The idea is to link the tables in the WHERE clause, continuing with as many linking statements as there are relationships between the tables you are using.

This looks more cryptic than it actually is. When you use a command that relates two or more tables, it makes some commands I showed you in the last lesson easier to run. Let's modify one of them to make it more useful.

SELECT AUTHOR_FIRST, AUTHOR_LAST, TITLE
FROM author, wrote, book
WHERE author.AUTHOR_NUM = wrote.AUTHOR_NUM
AND wrote.BOOK_CODE = book.BOOK_CODE
AND book.TYPE = 'FIC'
ORDER BY AUTHOR_LAST;

  1. This is one query (no nesting) that starts out reading three tables: author, wrote, and book.
  2. It will display data from three columns that do not need to be qualified in the SELECT command because each of those columns only exists in one of the tables being read, so the computer is not confused. A qualification will be needed in the WHERE clause.
  3. Now it gets more interesting.
    For each author name that is pulled from the author table, the database finds rows in the wrote table that match the author's number. How?

    Both of those tables have a column called AUTHOR_NUM. To match the right rows, we use a comparison between the author number we just pulled from the author table, and the author numbers in the wrote table. In a sense, the author number from the author table is like a constant at this moment, and the database is looking for rows that match it. Several rows may be pulled, and may be pulled for the next author we pull from the author table, and so on.

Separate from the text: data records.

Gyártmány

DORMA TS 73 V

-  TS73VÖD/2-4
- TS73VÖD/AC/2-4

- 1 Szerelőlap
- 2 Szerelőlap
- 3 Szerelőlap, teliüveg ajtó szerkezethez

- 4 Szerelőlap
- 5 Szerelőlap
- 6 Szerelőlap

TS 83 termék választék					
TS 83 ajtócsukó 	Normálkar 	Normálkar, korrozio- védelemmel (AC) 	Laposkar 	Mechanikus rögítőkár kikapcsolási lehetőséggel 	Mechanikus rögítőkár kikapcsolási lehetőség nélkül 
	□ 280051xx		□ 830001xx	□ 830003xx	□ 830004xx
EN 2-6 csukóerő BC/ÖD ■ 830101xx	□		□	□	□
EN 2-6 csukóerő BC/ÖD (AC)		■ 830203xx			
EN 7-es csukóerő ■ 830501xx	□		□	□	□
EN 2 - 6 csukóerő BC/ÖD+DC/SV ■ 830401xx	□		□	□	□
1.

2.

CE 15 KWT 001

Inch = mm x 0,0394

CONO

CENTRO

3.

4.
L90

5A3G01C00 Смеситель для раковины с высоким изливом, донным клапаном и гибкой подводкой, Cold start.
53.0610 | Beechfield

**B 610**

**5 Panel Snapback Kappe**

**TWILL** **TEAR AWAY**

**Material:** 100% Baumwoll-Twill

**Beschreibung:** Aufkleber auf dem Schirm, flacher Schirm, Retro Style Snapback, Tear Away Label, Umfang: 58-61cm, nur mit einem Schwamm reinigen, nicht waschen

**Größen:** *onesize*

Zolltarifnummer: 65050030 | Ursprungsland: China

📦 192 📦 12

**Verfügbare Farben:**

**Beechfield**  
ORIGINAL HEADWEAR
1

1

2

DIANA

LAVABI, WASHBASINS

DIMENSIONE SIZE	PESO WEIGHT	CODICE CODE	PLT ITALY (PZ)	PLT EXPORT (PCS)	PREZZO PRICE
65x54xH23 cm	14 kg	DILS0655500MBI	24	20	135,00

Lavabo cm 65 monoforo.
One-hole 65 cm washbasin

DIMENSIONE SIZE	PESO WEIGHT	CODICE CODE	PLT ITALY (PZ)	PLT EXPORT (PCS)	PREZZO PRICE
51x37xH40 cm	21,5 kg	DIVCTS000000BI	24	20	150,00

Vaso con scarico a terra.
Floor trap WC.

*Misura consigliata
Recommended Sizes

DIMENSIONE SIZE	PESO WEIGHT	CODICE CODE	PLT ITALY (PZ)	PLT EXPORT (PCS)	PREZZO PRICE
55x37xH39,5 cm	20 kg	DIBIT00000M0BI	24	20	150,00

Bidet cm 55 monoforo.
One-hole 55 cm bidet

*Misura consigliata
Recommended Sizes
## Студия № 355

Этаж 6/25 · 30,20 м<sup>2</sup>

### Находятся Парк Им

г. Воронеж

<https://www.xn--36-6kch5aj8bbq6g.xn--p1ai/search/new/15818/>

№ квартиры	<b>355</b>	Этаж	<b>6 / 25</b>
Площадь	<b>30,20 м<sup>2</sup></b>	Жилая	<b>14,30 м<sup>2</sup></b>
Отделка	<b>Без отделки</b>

    Each comparison requires a qualified name for each of those fields, prefacing the field name with the table name. That makes it a qualified field name:
    author.AUTHOR_NUM = wrote.AUTHOR_NUM.

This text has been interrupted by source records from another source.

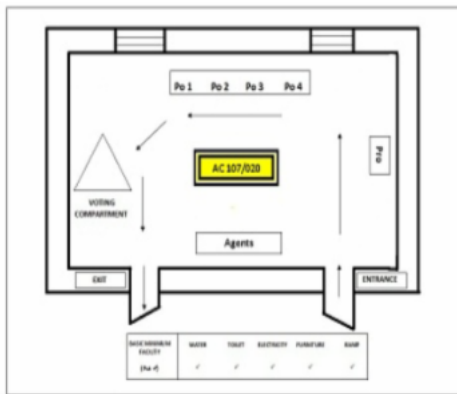

নির্বাচক নিবন্ধন আধিকারিকের স্বাক্ষর

Nazri Naksha

Google Map View

Polling Station Building Front View

Polling Station Front View

Cad View

Key MAP View

|   |                  |            |   |            |            |  |            |            |
|---|------------------|------------|---|------------|------------|--|------------|------------|
| 1<br>নাম : মহঃ সেলিম<br>পিতার নাম: মহঃ কলিম<br>বাড়ির নং : n0016<br>বয়স : 53 লিঙ্গ : পুরুষ                   | JGL3333333       | ফটো উপলব্ধ | 2<br>নাম : সিরাজুল হক<br>পিতার নাম: আবদুল হক<br>বাড়ির নং : n0017<br>বয়স : 65 লিঙ্গ : পুরুষ                | JGL3666815 | ফটো উপলব্ধ | 3<br>নাম : মনিরা খাতুন<br>পিতার নাম: সিরাজুল হক<br>বাড়ির নং : n0017<br>বয়স : 29 লিঙ্গ : মহিলা          | XZP1585389 | ফটো উপলব্ধ |
| 4<br>নাম : আনিসুল হক<br>পিতার নাম: নজরুল হক<br>বাড়ির নং : n0017<br>বয়স : 29 লিঙ্গ : পুরুষ                   | XZP1585371       | ফটো উপলব্ধ | 5<br>নাম : শেখ সাইফুল হক<br>পিতার নাম: শেখ সিরাজুল হক<br>বাড়ির নং : 266/2<br>বয়স : 36 লিঙ্গ : পুরুষ       | XZP0896563 | ফটো উপলব্ধ | 6<br>নাম : শেখ অরিফুল হক<br>পিতার নাম: শেখ নজরুল হক<br>বাড়ির নং : n0017<br>বয়স : 36 লিঙ্গ : পুরুষ      | XZP0015206 | ফটো উপলব্ধ |
| 7<br>নাম : গোলাম রহিম শেখ<br>পিতার নাম: গোলাম সোভান<br>বাড়ির নং : n0019<br>বয়স : 53 লিঙ্গ : পুরুষ           | JGL0853556       | ফটো উপলব্ধ | 8<br>নাম : আসমা খাতুন<br>স্বামীর নাম: গোলাম রহিম শেখ<br>বাড়ির নং : n0019<br>বয়স : 43 লিঙ্গ : মহিলা        | XZP1529791 | ফটো উপলব্ধ | 9<br>নাম : অনুজা খাতুন<br>স্বামীর নাম: গোলাম মেহবুব<br>বাড়ির নং : 284/1<br>বয়স : 50 লিঙ্গ : মহিলা      | JGL0853549 | ফটো উপলব্ধ |
| 10<br>নাম : সেলিমা খাতুন<br>স্বামীর নাম: গোলাম মহম্মদ<br>বাড়ির নং : n0019<br>বয়স : 51 লিঙ্গ : মহিলা         | JGL0853523       | ফটো উপলব্ধ | 11<br>নাম : শেখগোলাম হাবিব<br>পিতার নাম: গোলাম গরস<br>বাড়ির নং : n0020<br>বয়স : 75 লিঙ্গ : পুরুষ          | JGL0853465 | ফটো উপলব্ধ | 12<br>নাম : সালেহা খাতুন<br>স্বামীর নাম: শেখ গোলাম হাবিব<br>বাড়ির নং : n0020<br>বয়স : 60 লিঙ্গ : মহিলা | JGL0853473 | ফটো উপলব্ধ |
| 13<br>নাম : শেখ গুলাম রুডরী<br>পিতার নাম: গোলাম রশিদ<br>বাড়ির নং : n0021<br>বয়স : 42 লিঙ্গ : পুরুষ          | JGL3333341       | ফটো উপলব্ধ | 14<br>নাম : মৈমুন বেগম<br>স্বামীর নাম: মহঃ লতিফ<br>বাড়ির নং : n0022<br>বয়স : 51 লিঙ্গ : মহিলা             | JGL0853788 | ফটো উপলব্ধ | 15<br>নাম : মমতাজ আহমাদ<br>পিতার নাম: সাহেবজান<br>বাড়ির নং : n0024<br>বয়স : 56 লিঙ্গ : পুরুষ           | JGL0853945 | ফটো উপলব্ধ |
| 16<br>নাম : নূর হাসান<br>পিতার নাম: আবুল হাসান<br>বাড়ির নং : n0025<br>বয়স : 29 লিঙ্গ : পুরুষ                | XZP1585512       | ফটো উপলব্ধ | 17<br>নাম : খুরশিদ আনোয়ার<br>পিতার নাম: আবুল হাসান<br>বাড়ির নং : n0026<br>বয়স : 50 লিঙ্গ : পুরুষ         | JGL0853150 | ফটো উপলব্ধ | 18<br>নাম : মাসুদ কমল<br>পিতার নাম: আবুল হাসান<br>বাড়ির নং : n0026<br>বয়স : 45 লিঙ্গ : পুরুষ           | JGL2063600 | ফটো উপলব্ধ |
| 19<br>নাম : আনোয়ার আলি<br>পিতার নাম: মহরম আলি<br>বাড়ির নং : n0028<br>বয়স : 57 লিঙ্গ : পুরুষ                | WB/19/131/528071 | ফটো উপলব্ধ | 20<br>নাম : আখতারআলি<br>পিতার নাম: মহরামআলি<br>বাড়ির নং : n0028<br>বয়স : 61 লিঙ্গ : পুরুষ                 | JGL0853705 | ফটো উপলব্ধ | 21<br>নাম : খাতুন রহিমা<br>স্বামীর নাম: গোলাম সোহরাব<br>বাড়ির নং : n0029<br>বয়স : 69 লিঙ্গ : মহিলা     | JGL0853093 | ফটো উপলব্ধ |
| 22<br>নাম : শেখ গোলাম জুলিয়াস<br>পিতার নাম: শেখ গোলাম সোহরাব<br>বাড়ির নং : 287/1<br>বয়স : 51 লিঙ্গ : পুরুষ | JGL0853101       | ফটো উপলব্ধ | 23<br>নাম : শেখ গোলাম ইসরাফিল<br>পিতার নাম: শেখ গোলাম মনসুর<br>বাড়ির নং : n0029<br>বয়স : 44 লিঙ্গ : পুরুষ | JGL3498607 | ফটো উপলব্ধ | 24<br>নাম : শাবিনা বানু<br>স্বামীর নাম: জামাল আখতার<br>বাড়ির নং : n0063<br>বয়স : 46 লিঙ্গ : মহিলা      | JGL3334604 | ফটো উপলব্ধ |
| 25<br>নাম : ইউসুফ খান<br>পিতার নাম: আব্দুল মজিদ খান<br>বাড়ির নং : n0064<br>বয়স : 52 লিঙ্গ : পুরুষ           | WB/19/131/528127 | ফটো উপলব্ধ | 26<br>নাম : নাসিমা খাতুন<br>পিতার নাম: ইউসুফ খান<br>বাড়ির নং : n0064<br>বয়স : 38 লিঙ্গ : মহিলা            | XZP0015248 | ফটো উপলব্ধ | 27<br>নাম : হেনা খাতুন<br>স্বামীর নাম: আকতার খান<br>বাড়ির নং : 276/1<br>বয়স : 35 লিঙ্গ : মহিলা         | XZP0896449 | ফটো উপলব্ধ |
| 28<br>নাম : সোবরাতন বিবি<br>স্বামীর নাম: রোশন মিঞা<br>বাড়ির নং : 276/1<br>বয়স : 75 লিঙ্গ : মহিলা            | XZP1990803       | ফটো উপলব্ধ | 29<br>নাম : দিল মোহাম্মদ<br>পিতার নাম: রোশন মিঞা<br>বাড়ির নং : 276/1<br>বয়স : 59 লিঙ্গ : পুরুষ            | JGL0853275 | ফটো উপলব্ধ | 30<br>নাম : মহঃ আসলাম<br>পিতার নাম: দিল মহম্মদ<br>বাড়ির নং : 276/1<br>বয়স : 37 লিঙ্গ : পুরুষ           | JGL3743606 | ফটো উপলব্ধ |

    This is the relationship that determines the correct match between data from those tables. Without a properly worded WHERE clause, the database would either throw an error message on the screen, or it would pull data from rows that were not related. Neither of those errors is acceptable.
  4. For each row that is read in the wrote table, the database also checks that row's book code for that book's record in the book table. Again, this is the relationship that tells the computer which rows in each table match.
  5. Then the database checks to see if that book is type FIC. If it is, that book is used in the output. If it is not, that book is ignored in the output.
  6. Finally, the output is ordered by the authors' last names.

You should note that this illustrates the idea of relationships between tables, the concept that allows us to pull correct data.

The relationships in this case are pertinent to the query at hand. The first line in the WHERE clause tells the database how to read rows in the author table and match them to rows in the wrote table. The second line tells it how to match the rows it finds in the wrote table to rows in the book table. The third sets the criterion for what kind of books we are interested in.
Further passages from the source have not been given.